Transcribe every line of the material below exactly, leaving out the pictures.

_____

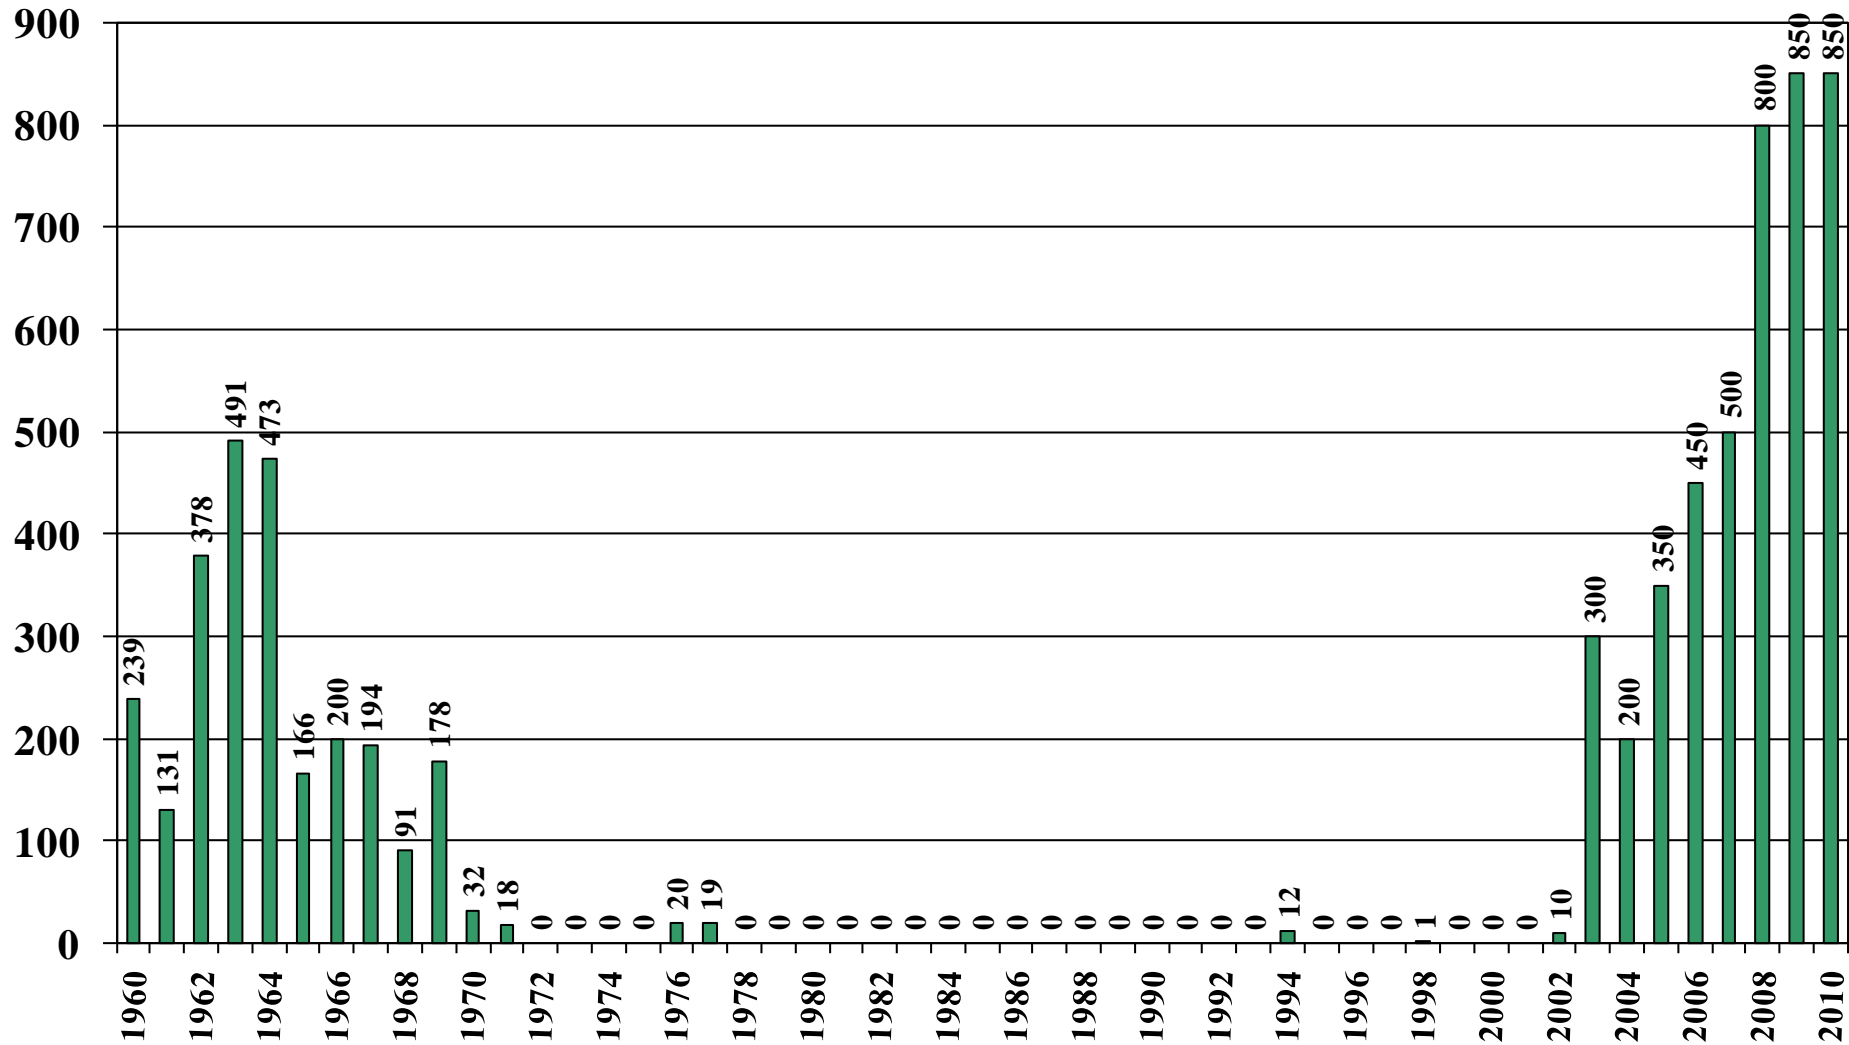

Cambodia

USDA Supply and Demand Estimates

October 15, 2010

Cambodia Rice Acreage Harvested 1960/61 – 2010/11

Source: [USDA Foreign Agricultural Service](#)

October 15, 2010

Cambodia Rice Milled Production (1,000 Metric Tons) 1960/61 – 2010/11

Source: [USDA Foreign Agricultural Service](#)

Cambodia Rice Jan-Dec Imports (1,000 Metric Tons) 1960/61 – 2010/11

Source: [USDA Foreign Agricultural Service](#)

October 15, 2010

Cambodia Rice Jan-Dec Exports (1,000 Metric Tons) 1960/61 – 2010/11

Source: [USDA Foreign Agricultural Service](#)

October 15, 2010

Cambodia Rice Total Domestic Consumption (1,000 Metric Tons)

1960/61 – 2010/11

Source: [USDA Foreign Agricultural Service](#)

October 15, 2010
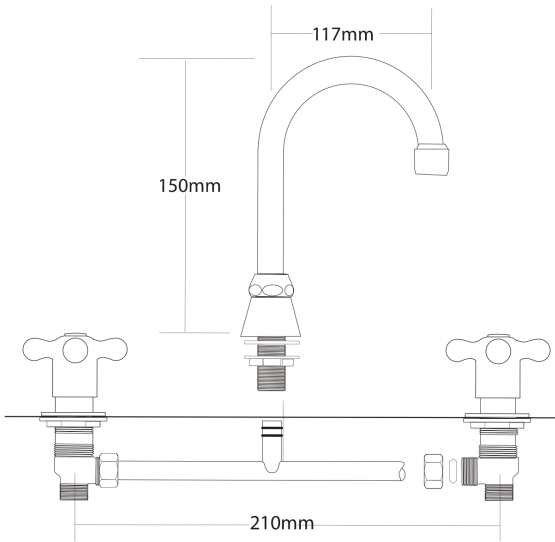

FORENO Gooseneck Basin Faucet

PRODUCT CODE

FBF4S

COLOUR/FINISHES

Chrome

PRESSURE TYPE

All Pressures

MIN. PRESSURE

17kPa

MAX. PRESSURE

500kPa (As per NZ Building Code AS/NZ 3500.1)

MAX. TEMPERATURE

65°C

CERTIFICATION

Watermark

PLUMBING CONNECTION

15mm

Specifications and dimensions are subject to change without notice.

Installation instructions are available from the product page on www.foreno.co.nz

Foreno Tapware products are in full compliance with the requirements as set out in the New Zealand Building Code: www.foreno.co.nz/building-code-clauses/

This product is not subject to a warning or ban under section 26 of the Building Act 2004.
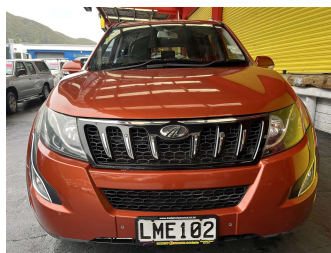

# 2018 Mahindra Xuv W8 2.2D/6AT/SW/5DR

Purchase Price **\$11,995**  
Includes GST, Registration & Licensing

Finance may be available on this vehicle. Ask one of our friendly staff for more information.

Gain peace of mind with Mechanical Breakdown Insurance. **Ask us how.**

Body Style  
**5 door, RV/SUV**

Odometer  
**129,400 km**

Engine  
**2179 cc, Internal Combustion**

Fuel Type  
**Diesel**

Transmission  
**Automatic**

Wheels  
-

VIN  
**MA1YV2VMVG6E58886**

Interior  
**Black, Leather**

_____

## Worked solution
Cambodia

USDA Supply and Demand Estimates

October 15, 2010

Cambodia Rice Acreage Harvested 1960/61 – 2010/11

Source: [USDA Foreign Agricultural Service](#)

October 15, 2010

Cambodia Rice Milled Production (1,000 Metric Tons) 1960/61 – 2010/11

Source: [USDA Foreign Agricultural Service](#)

Cambodia Rice Jan-Dec Imports (1,000 Metric Tons) 1960/61 – 2010/11

Source: [USDA Foreign Agricultural Service](#)

October 15, 2010

Cambodia Rice Jan-Dec Exports (1,000 Metric Tons) 1960/61 – 2010/11

Source: [USDA Foreign Agricultural Service](#)

October 15, 2010

Cambodia Rice Total Domestic Consumption (1,000 Metric Tons)

1960/61 – 2010/11

Source: [USDA Foreign Agricultural Service](#)

October 15, 2010

FORENO Gooseneck Basin Faucet

PRODUCT CODE

FBF4S

COLOUR/FINISHES

Chrome

PRESSURE TYPE

All Pressures

MIN. PRESSURE

17kPa

MAX. PRESSURE

500kPa (As per NZ Building Code AS/NZ 3500.1)

MAX. TEMPERATURE

65°C

CERTIFICATION

Watermark

PLUMBING CONNECTION

15mm

Specifications and dimensions are subject to change without notice.

Installation instructions are available from the product page on www.foreno.co.nz

Foreno Tapware products are in full compliance with the requirements as set out in the New Zealand Building Code: www.foreno.co.nz/building-code-clauses/

This product is not subject to a warning or ban under section 26 of the Building Act 2004.

# 2018 Mahindra Xuv W8 2.2D/6AT/SW/5DR

Purchase Price **\$11,995**  
Includes GST, Registration & Licensing

Finance may be available on this vehicle. Ask one of our friendly staff for more information.

Gain peace of mind with Mechanical Breakdown Insurance. **Ask us how.**

Body Style  
**5 door, RV/SUV**

Odometer  
**129,400 km**

Engine  
**2179 cc, Internal Combustion**

Fuel Type  
**Diesel**

Transmission  
**Automatic**

Wheels  
-

VIN  
**MA1YV2VMVG6E58886**

Interior  
**Black, Leather**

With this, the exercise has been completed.